Technical issues: what goes into DDB is 3D models, terrains, entities, … into dynamic situation model. A lot of spatial stuff. Turns out you do not know anything but instead you have estimates. Must attach uncertainty estimates to everything. Computer metric for how much data they need for many purposes. 10 megabytes for a square kilometer. This is a living model, constantly updated from sensor data. Legion set of sources of commercial, DMA/NIMA, sensors. Big problem. Busy problem. Too big for one computer, so it is distributed. Mediation component: query processor, search engine, way to assemble responses, needs 3D data over time and space so very geospatial. Query: I want to put force here in this valley and what radar sites do I have to worry about. Need some way to publish products and change this daily without having to recompile the whole system.

Bob mentioned JTF data server and map server have been relatively successful as compared to web server and situation server built on it.

Bob mentioned two views of DDB: (a) DBMS at center of picture (b) for mediation only, no storage, go back to original sources for storage, just a cache, store rather than compute. We are to come up with a conceptual architecture (boxoloogy), functional in nature, not so much a physical architecture (specific numbers of replicas) or operational (in terms of military operations).
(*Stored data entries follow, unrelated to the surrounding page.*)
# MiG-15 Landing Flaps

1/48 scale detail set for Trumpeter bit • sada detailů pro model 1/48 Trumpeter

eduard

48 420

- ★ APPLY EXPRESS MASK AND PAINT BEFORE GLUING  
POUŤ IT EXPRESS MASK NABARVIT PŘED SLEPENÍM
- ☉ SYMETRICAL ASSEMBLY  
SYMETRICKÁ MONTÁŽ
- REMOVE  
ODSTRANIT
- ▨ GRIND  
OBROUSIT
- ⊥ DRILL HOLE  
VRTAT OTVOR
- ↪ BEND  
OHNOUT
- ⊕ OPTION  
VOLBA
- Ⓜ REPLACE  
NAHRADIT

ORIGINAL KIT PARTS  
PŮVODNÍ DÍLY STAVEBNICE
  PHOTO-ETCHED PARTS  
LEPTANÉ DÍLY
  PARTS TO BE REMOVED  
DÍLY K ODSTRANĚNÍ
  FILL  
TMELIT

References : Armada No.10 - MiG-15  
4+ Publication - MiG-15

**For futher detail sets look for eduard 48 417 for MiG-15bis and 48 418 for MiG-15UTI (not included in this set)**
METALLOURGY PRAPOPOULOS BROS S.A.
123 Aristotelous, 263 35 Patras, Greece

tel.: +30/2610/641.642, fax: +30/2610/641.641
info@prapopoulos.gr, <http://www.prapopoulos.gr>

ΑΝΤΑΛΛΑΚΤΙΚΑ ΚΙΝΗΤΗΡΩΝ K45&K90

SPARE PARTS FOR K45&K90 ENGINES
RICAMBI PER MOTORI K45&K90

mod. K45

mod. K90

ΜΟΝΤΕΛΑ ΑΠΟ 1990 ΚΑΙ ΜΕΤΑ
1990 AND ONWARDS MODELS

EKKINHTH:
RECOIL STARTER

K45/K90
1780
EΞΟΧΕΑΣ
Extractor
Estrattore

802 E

Mentioned Quick Start, a funded feasibility effort to put together an aggressive narrow path DDB demo based on some accessible and non classified Lansat and SAR data stored in an OODB and doing some simple change detection. Some pieces might be Wisconsin Paradise + BBN Mapserver, Global Infotek Harvest/Tsimmis + Paradise.

GCCS Track Database, Duane Presler

GCCS is the DISA Global Command and Control System. The Track Database described is operational and keeps track of sighting histories of physical objects like planes, ships, subs, tanks, not quite people, documents, … while trying to avoid tracking seagulls, waves, cars not of interest. Measurements being imprecise, there is uncertainty with each measurement, commonly kept as ellipses. Decisions aids help extrapolate where an entity was in the unobserved past. There might be 11,000 tracks in the Mediterranean, each may have 1000 observations (<lat, long, time, elint attributes, acoustic parameters, ...>), but elint (electronic intelligence) is getting better, so we can see more, so the DBMS size will increase. Update rate for sub is every two days but for plane is every few seconds.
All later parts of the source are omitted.